Wie er es versprochen hatte, besuchte Colm Wilbur nach einer Woche. Er war dünn geworden, und Wilbur sah, wie jedes Lächeln ihn Kraft kostete. Colm hatte eine seiner Tonfiguren dabei, ein Nashorn, das er Wilbur schenkte. Wilbur zeigte ihm sein Zimmer, danach saßen sie im Garten, sahen in den Himmel und fachsimpelten über die Wolken und den Wind und ob es bald regnen würde. Als es dann tatsächlich regnete, machte Pauline ihnen Tee, und nach zwei Stunden verabschiedete sich Colm und ging. Wilbur hätte ihn gerne gebeten, das nächste Mal den Fernseher mitzubringen, heimlich natürlich, damit Pauline nichts merkte, aber er wusste, wie albern sein Wunsch war.
Am Gartentor umarmte Colm ihn und machte sich dann auf zur Bushaltestelle. Der Regen hatte aufgehört, aber es war kalt geworden und dunkel unter den tiefen Wolken. Wilbur sah dem alten Mann in seinem schwarzen Sonntagsanzug nach, und plötzlich durchströmte ihn ein banges, schmerzliches Gefühl, dessen Ursache er nicht benennen konnte. Er wollte Colm nacheilen und seine Hand nehmen und mit ihm den Weg bis zur Kreuzung gehen, aber dann rief Pauline ihn hinein, weil er vor dem Abendessen seine Hausaufgaben machen musste. Wilbur gehorchte widerwillig, rannte in sein Zimmer hoch und beobachtete durch ein Fenster, wie Colm auf der schwarzen, vom Regen glänzenden Straße immer kleiner wurde und schließlich hinter einer Kuppe verschwand.

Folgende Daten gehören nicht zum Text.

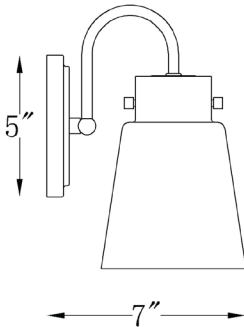

## BRISTOW 4-LIGHT WALL SCONCE

Side View

Front View

<b>Description:</b>	Bristow 4-light wall sconce
<b>Finish:</b>	Matte black w/polished nickel
<b>Dimensions:</b>	28.5" W x 9.25" H x 7" ext. Height on center: 4.25"
<b>Bulbs:</b>	4-100w Med.
<b>Certification:</b>	UL / damp location

<b>Material:</b>	Steel
<b>Shade:</b>	Glass
<b>Glass:</b>	Clear
<b>Back Plate Dimensions:</b>	8" x 5" oval
<b>Chain/Wire:</b>	NA
<b>Additional Finishes:</b>	Antique brass
<b>Mounting:</b>	Up or down
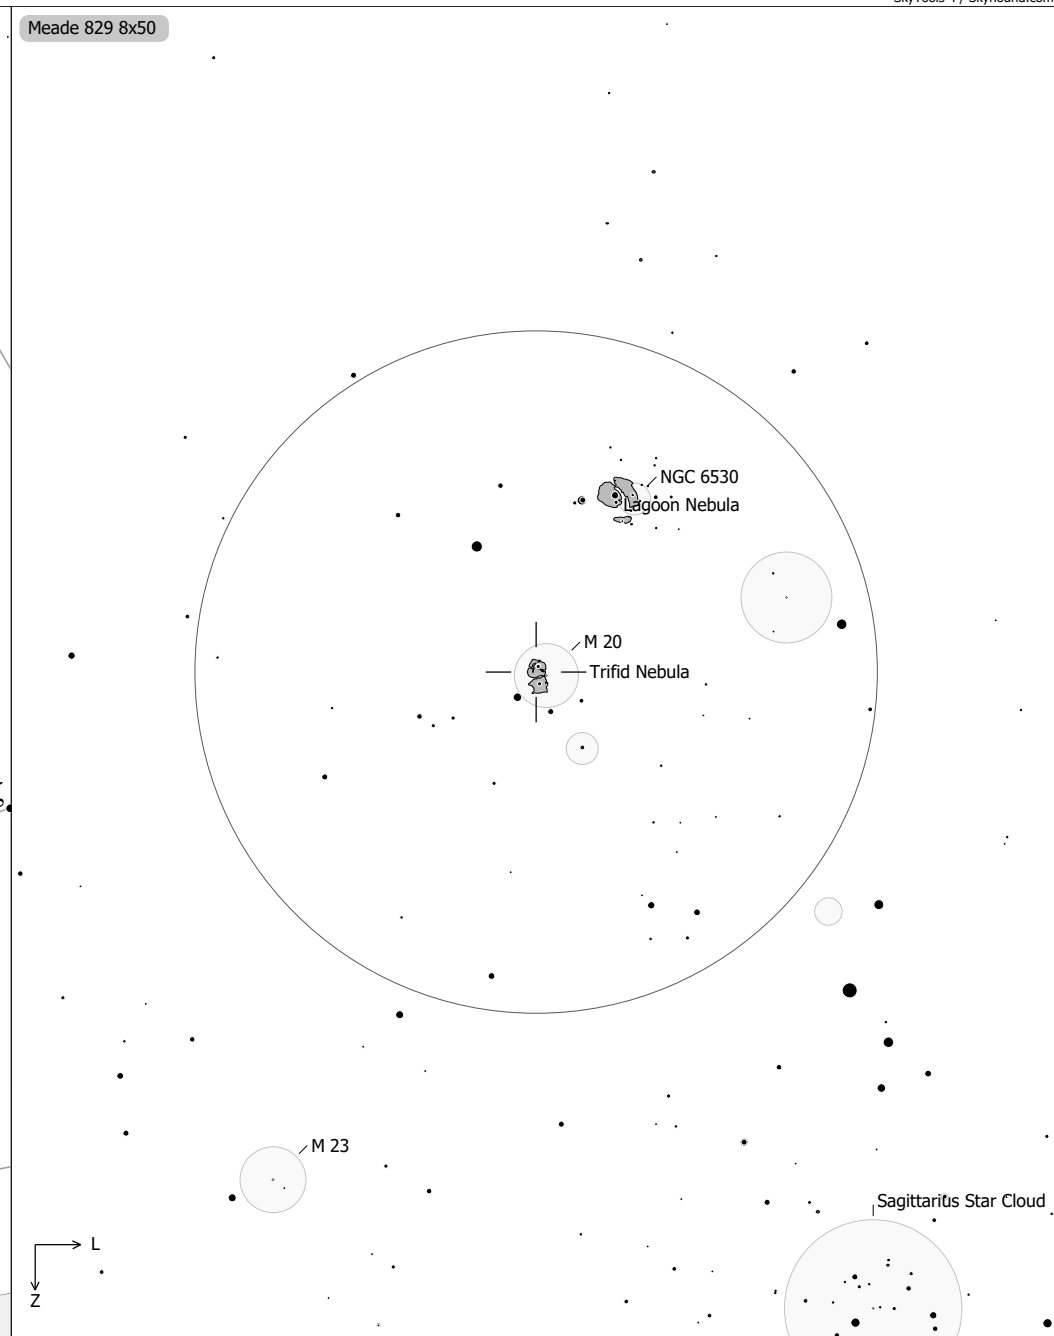

Naked-Eye: S

Meade 829 8x50

Trifid Nebula (Diffuse Nebula)
 aka M 20, NGC 6514, Sh 2-30
 R.A. 18h02m22.0s Dec. -22°59'12" J2000 (Sgr)
 Magnitude: 6.30 Size: 16.0' x 9.0'

◻	Ref. Neb.	○	Galaxy	●	9	●	6	●	3
◇	Dark Neb.	○	Galaxy Gr.	●	10	●	7	●	4
●	Globule	●	Quasar	●	8	●	5		
○	Open Cl.	●	Planetary						
●	Globular Cl.	◻	HII Region						
×	Skymark	◻	SN Remnant

Nach dem Abendessen schrieb Wilbur Colm einen Brief, in dem er sich für das Nashorn bedankte und ihm sagte, dass er ihn vermisste. Weil ihm danach nichts mehr einfiel, schrieb er den Text von Mistletoe and Wine darunter und nahm sich vor, Colm beim nächsten Besuch die Melodie des Liedes beizubringen. Dann zeichnete er etwas, das ein Nashorn sein sollte, steckte den Brief in einen Umschlag und legte ihn in das Versteck.
In dieser Nacht lag Wilbur lange wach, und wenn er sich anstrengte, konnte er von unten die Musik der Seifenopern und die Stimmen der Schauspieler hören. Er überlegte, wie es wohl war, so zu tun, als sei man jemand anderes. Er fand Gefallen an der Idee, sein Leben sei eine Inszenierung und er eine Figur, die es nicht wirklich gab. In so einem Spiel konnte er verletzt werden, ohne Schaden zu nehmen, genauso wie Orla es ihm im Kino erklärt hatte. Das Schicksal mochte Kugeln und Pfeile auf ihn abschießen, doch er war unverwundbar. Er verspürte weder Freude noch Ungeduld, wenn er sich den weiteren Verlauf seines Lebens vorstellte, aber sterben wollte er auch nicht mehr. Der Mann im Film nahm in jeder Sekunde den Tod in Kauf, versuchte jedoch mit allen Mitteln, ihn zu verhindern. Es war nicht die Liebe zum Leben, die ihn auf den Beinen hielt, es war die Verachtung für den Tod. Man musste die eigene Existenz als Kräftemessen begreifen, als Wettkampf des Menschen gegen eine höhere Gewalt, die alles daransetzte, einen zu vernichten.
Die Frage, die Wilbur sich stellen musste, lautete, ob er weich und feige sein wollte wie sein Vater oder zäh und gnadenlos wie der Mann im Film. Die Antwort war so klar, dass Wilbur in dieser Nacht Gott nicht mehr bat, ihn umzubringen. Er hörte überhaupt auf zu beten und murmelte stattdessen Sätze ins Dunkel, die seine Angst in Mut verwandelten und seine Verzweiflung in sture Kraft. Er wollte stark werden und hart und wünschte sich, irgendwann nichts mehr fühlen zu müssen.